Australia’s worsening housing affordability
problem is a largely self-inflicted: we first restrict and then tax the supply
of new land needed to accommodate people, while at the same time accelerating
population growth and then compounding the problem by applauding as most of
that growth is focussed on just two or three cities. There are official
policies in many States that encourage a concentration of both jobs and housing
in finite inner city areas – which can only exacerbate an already chronic
problem.
It’s not just housing affordability that is
the problem, although this gets much of the attention. The entire point of
inner urban renewal in the first place – dating back to the Better Cities
program of the Hawke-Keating Government – was to harness spare capacity in
inner urban areas through selective infrastructure upgrades. We wanted to avoid the ‘donut effect’ common
in US cities at the time, where inner urban areas were hollowed out leaving
behind empty schools and other underutilized community assets.
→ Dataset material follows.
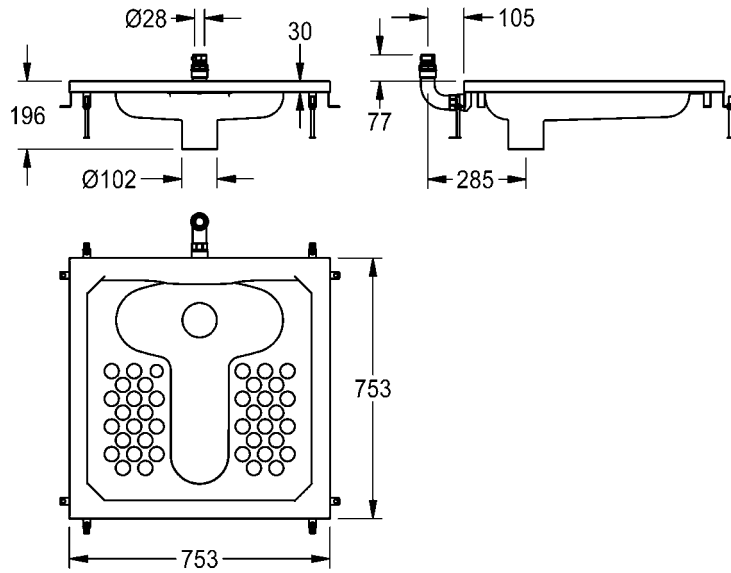

HDTX504

HDTX506

ZCMPX004

The opposite is
now the reality: urban infrastructure is not keeping pace with population
growth. We are in the throes of committing tens of billions more of taxpayer
dollars to invest in inner urban infrastructure from schools to public
transport in the Sisyphean belief that this can be fixed, while we continue to
pump yet more people into limited spaces.
You wonder why we are so slow to identify
problems and grasp solutions in this country. As Donald Horne wryly observed
way back in 1964, “'Australia is a lucky country, run by second-rate people who
share its luck." Those second rate people are still there driving public
policy but our luck may be running out in terms of housing affordability and
urban infrastructure unless there is some change of direction.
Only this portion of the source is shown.